## [SUPPLIED INFORMATION]

>>>>

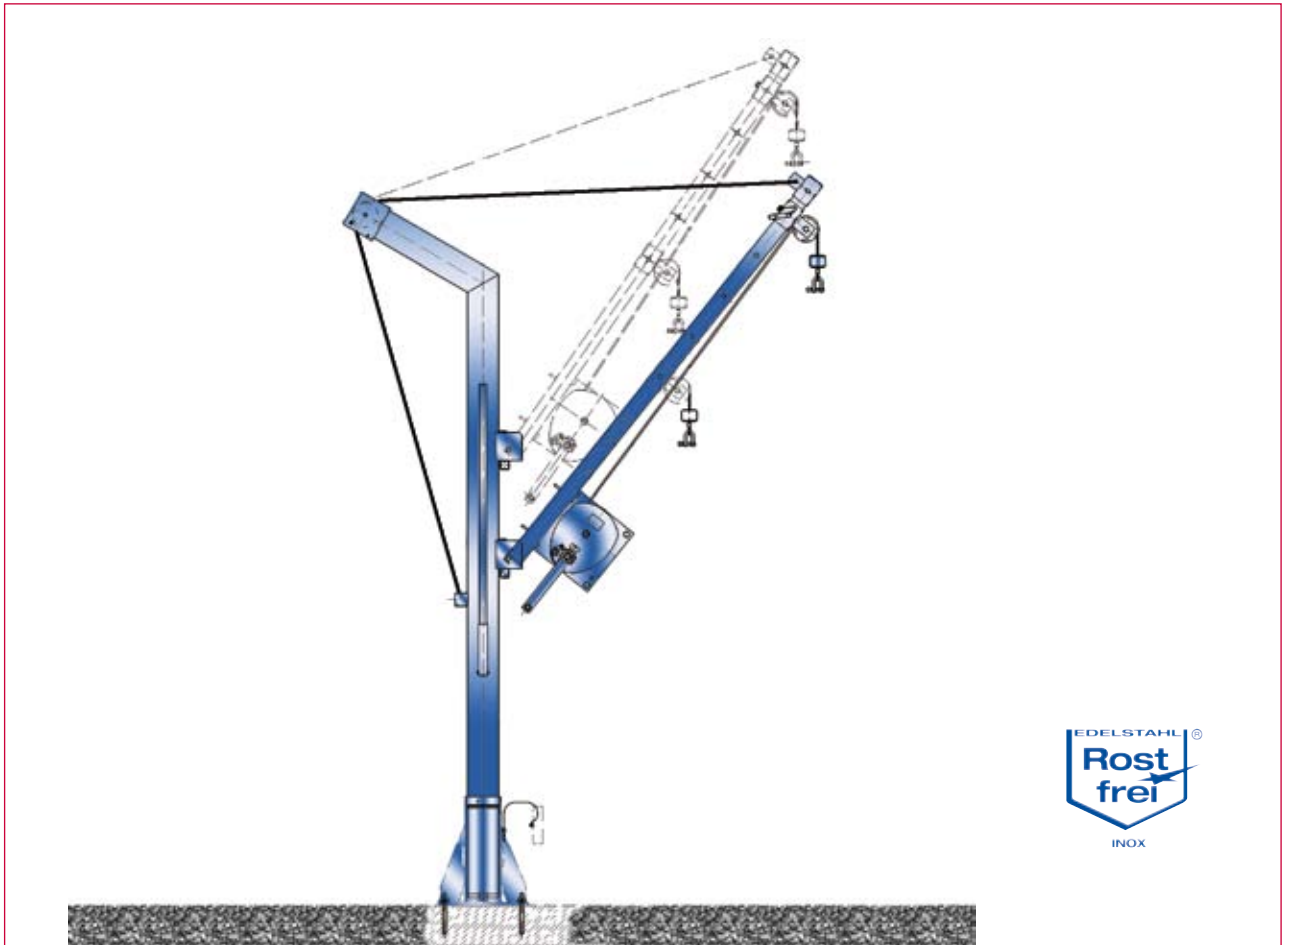

Pescante 500 kg
Gru a braccio girevole 500 kg
Guindaste rotativo 500 kg

Pescante, campo de aplicación especial: depuradoras

- galvanizado por inmersión en caliente, opcional acero inoxidable
- Fijación en pared o suelo
- Desmontable en piezas manejables para facilitar el cambio de posición
- Capacidad de giro: 360°
- Margen de ajuste del brazo de la grúa 800 - 1300 mm
- Torno de cable haacon probado, galvanizado por inmersión en caliente o de acero inoxidable
- Cable metálico inoxidable 1.4401
- Base para pared o suelo. Alternativa: sistema para empotrar en hormigón según sea preciso

Gru a braccio girevole universale, campo di impiego speciale: impianti di depurazione

- gru zincata a caldo, a scelta V2A
- a scelta fissaggio a parete o sul suolo
- smontabile in parti maneggevoli, per il semplice spostamento
- campo di rotazione: 360°
- campo di spostamento del braccio 800 - 1300 mm
- sperimentato argano a fune haacon zincato a caldo o V2A
- Fune metallica inossidabile 1.4401
- base per fissaggio a parete o sul suolo con ancora di collegamento o da installare fissa in calcestruzzo

Guindaste rotativo universal, campo de aplicação especial: Estações de tratamento de águas residuais

- Guindaste galvanizado a quente, opcionalmente V2A
- Opcionalmente com fixação na parede ou chão
- Desmontável em partes manuseáveis para boa aplicação
- Capacidade de rotação: 360°
- Raio de ajuste do braço do guindaste 800 - 1300 mm
- Guincho de cabo haacon galvanizado a quente ou V2A
- Cabo de arame inoxidável 1.4401
- Base para fixação na parede ou chão incl. chumbadores de ligação ou para betonamento conforme desejado

<<<<

What you give back must be the stretch above, starting at the line with "Gru a braccio girevole 500 kg" and ending at the line with "- base per fissaggio", copied exactly.

## [REPLY]
Gru a braccio girevole 500 kg
Guindaste rotativo 500 kg

Pescante, campo de aplicación especial: depuradoras

- galvanizado por inmersión en caliente, opcional acero inoxidable
- Fijación en pared o suelo
- Desmontable en piezas manejables para facilitar el cambio de posición
- Capacidad de giro: 360°
- Margen de ajuste del brazo de la grúa 800 - 1300 mm
- Torno de cable haacon probado, galvanizado por inmersión en caliente o de acero inoxidable
- Cable metálico inoxidable 1.4401
- Base para pared o suelo. Alternativa: sistema para empotrar en hormigón según sea preciso

Gru a braccio girevole universale, campo di impiego speciale: impianti di depurazione

- gru zincata a caldo, a scelta V2A
- a scelta fissaggio a parete o sul suolo
- smontabile in parti maneggevoli, per il semplice spostamento
- campo di rotazione: 360°
- campo di spostamento del braccio 800 - 1300 mm
- sperimentato argano a fune haacon zincato a caldo o V2A
- Fune metallica inossidabile 1.4401
- base per fissaggio a parete o sul suolo con ancora di collegamento o da installare fissa in calcestruzzo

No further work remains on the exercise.